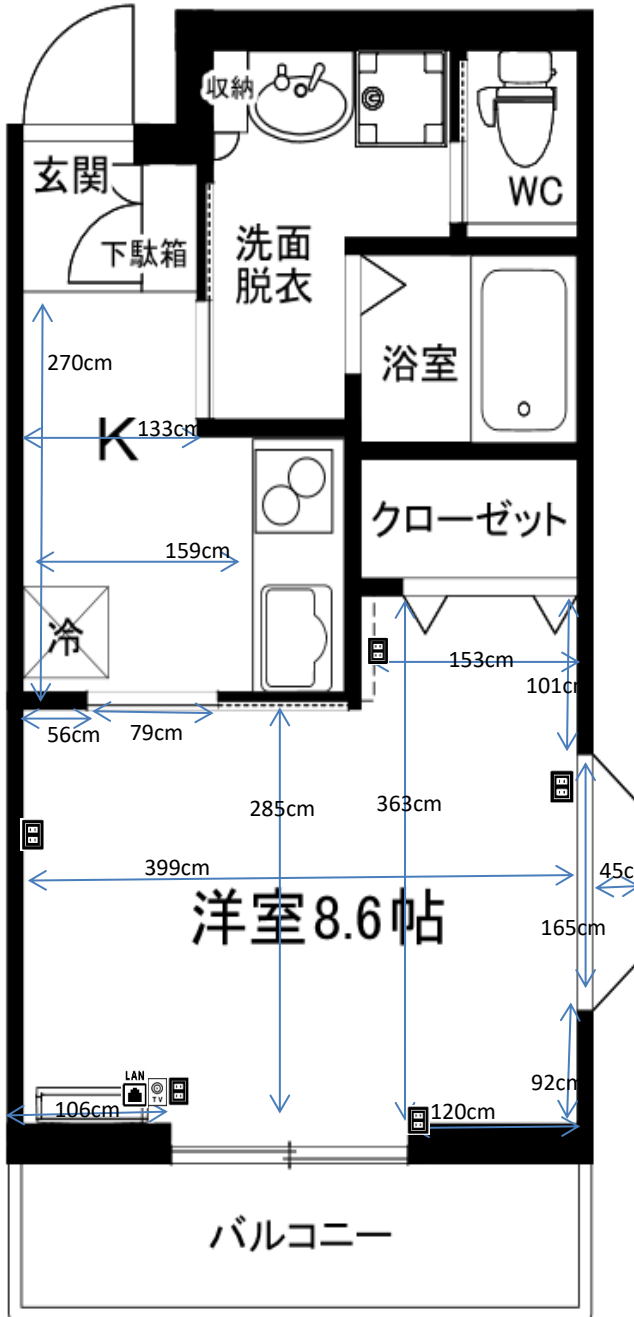

## カーテンレール

天井付2本  
幅171×高さ186cm

## 洗濯機置場

洗濯パン 幅56×奥行56cm  
蛇口までの高さ 117cm

## 台所シンク

シンク内 幅65×奥行44×深さ17cm  
まな板スペース 幅49cm

## お風呂

浴槽 幅102×奥行61×深さ48cm
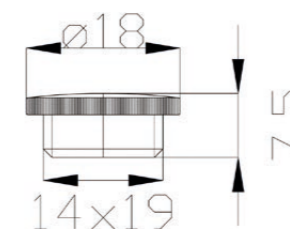

O10/13.C

Placchetta per maniglia "Liberty" modello acqua calda e fredda.
Indicator for "Liberty" handle hot-cold water model.

00	cromo	chrome	€ 3,00
13	oro	gold	€ 6,00
18	bronzo	bronze	€ 6,00
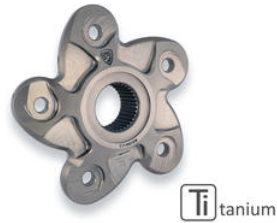

• FL500X **Rear sprocket flange Ducati Titanium**

• Titanium

€ 828,00
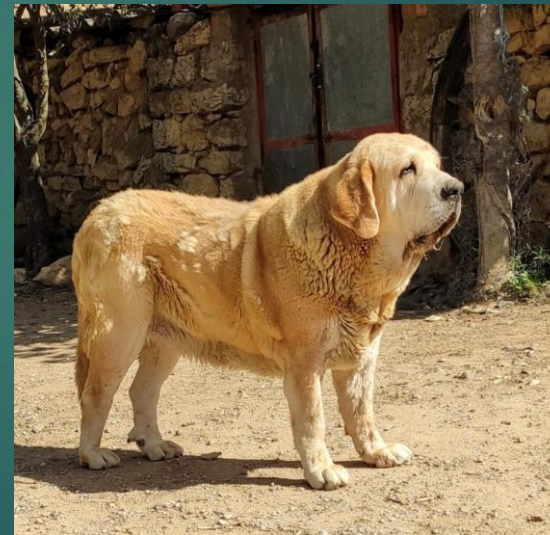

MADRE: SEXTA DE FUENTE MIMBRE

DEL CORRALILLO

AFIJO: DEL CORRALILLO

tonioliver16@gmail.com

CARDINO DE FUENTE MIMBRE
NOVIEMBRE 2018

PROPIETARIO: ANTONIO JOSÉ OLIVER ALEMANY

PADRE: MACARIO DE FUENTE MIMBRE

MADRE: BIANCA DE ULTRA MÁXIMA

**********

§ **Aim of the task**
This task calls for each line of the material that contains "CORRALILLO".

§ **Result below**
DEL CORRALILLO
AFIJO: DEL CORRALILLO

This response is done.